Comparing with your old self (or someone else) implies that you don’t have what it takes. It’s a whisper to yourself that you’re wrong or deficient in some way. 

This belief is not accurate, or you wouldn’t be where you already are. It makes no sense to
believe you should be exactly the way you were before your maternity leave.

As you prepare to go back to work, your first step is to radically accept that things are different. 

Your reality is different.  

Accepting reality as it is will keep your mood neutral and your anxiety down. Neutrality will help you focus and adapt more easily. 

Ask yourself:

      • How can I remember that my fear (of not being enough) is just a feeling?
      • How can I remember that comparing myself to others will make me feel ‘less than’?
      • How do I want to remember that I’m courageous for navigating out of my comfort zone?
      • What part of myself can I count on the most?

4. Boost your Confidence

Every risk you’ve taken in your life so far has boosted your confidence. This period is no different – even though everything feels so daunting.

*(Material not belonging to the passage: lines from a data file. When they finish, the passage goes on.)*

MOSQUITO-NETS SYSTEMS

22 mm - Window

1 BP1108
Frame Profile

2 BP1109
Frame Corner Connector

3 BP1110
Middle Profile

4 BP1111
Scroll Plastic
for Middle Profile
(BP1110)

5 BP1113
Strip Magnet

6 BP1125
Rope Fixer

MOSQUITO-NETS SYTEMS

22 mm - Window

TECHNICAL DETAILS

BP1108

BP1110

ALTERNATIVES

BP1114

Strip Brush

If confidence is built by stepping out of your comfort zone, then you’re already doing that. 

The first day you return to work will test your heart, your focus, and your ability to balance new priorities.   

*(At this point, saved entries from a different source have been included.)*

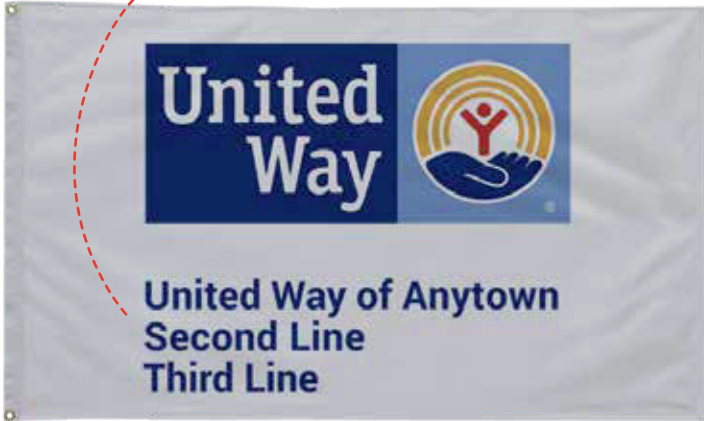

United Way Store Custom Signage Program

For Custom Quotes Call
800-558-0707
or email
UWSpecialOrder@Staples.com

3' x 5' Flag

Add your location to print shown for customization

Choose a Single Reverse design on Evertex or Nylon.

All pricing includes flag as shown, localized with your logo, or your totally custom full color imprint. Please contact our team to discuss custom imprinting on your item.

Item# 304535	
PRICING	
1-5	
$82	

Turn around time: 4-5 business days from proof approval.

EuroFit Banner Display

Expandable displays are a hassle-free solution for backdrops, trade-shows and product displays. Convenient set-up makes this ideal for anyone needing a quick way to advertise their business or event.

All pricing includes banner as shown, localized with your logo, or your totally custom full color imprint. Please contact our team to discuss custom imprinting on your item.

Item# 255110	
PRICING	
1-5	
$255	

Turn around time: 4-5 business days from proof approval.

Kit comes with metal swage, spring button frame, and carrying case.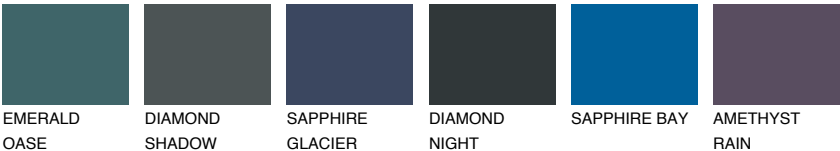

OREGON4 OR4

43% **TSR** 47%

Matching colours

COLOURS

INTENSE

For more information on plasters and paints, go to www.ceresit.it

*The presented colours refer to plasters and paints offered by Ceresit. Due to the use of digital techniques, the presented colours might not represent the original ones, thus they cannot be considered as a reliable colour presentation. We recommend checking the authentic colour samples.

Recognize that your choice to return to work is courageous, even if it didn’t feel like much of a choice. The day you show up, you’ve already committed to testing out your adaptability and your capacity to learn at a time when you’re exhausted. Acknowledge that.

Paying attention to all the little (scary) steps you take is a powerful way to build your self-esteem and self-confidence. 

On the way home from your first day back, say to yourself, “I did it. I did it!”

Notice everywhere you’re stretching. 

It may be in asking for help at home or at work. It may be in your level of organization to ensure you have everything you need for each day. Your stretch may also include leaning into your emotions. Feeling them. Naming them. Rolling with them. 

And maybe your stretch will be about accepting that none of this will be perfect!

Pay close attention to everything you do that you never thought you could do before – no matter how small. Celebrate.

Ask yourself:

      • What am I most proud of in this new phase of my life?
      • What am I willing to do to make space for celebrating my small wins?
      • What did I do today that felt hard, but I did it anyway?

5. Practice letting go

      • Let go of who you think you should be.
      • Let go of unrealistic expectations.
      • Let go of comparing yourself.
      • Let go of identifying yourself with today’s challenges.

Instead:

    • Embrace the process for becoming a more evolved version of yourself.
    • Embrace self-compassion as a powerful leadership tool.
    • Embrace every hiccup as an opportunity to refine your support systems.
    • Embrace the idea of you as a  perfect example of opportunity in process.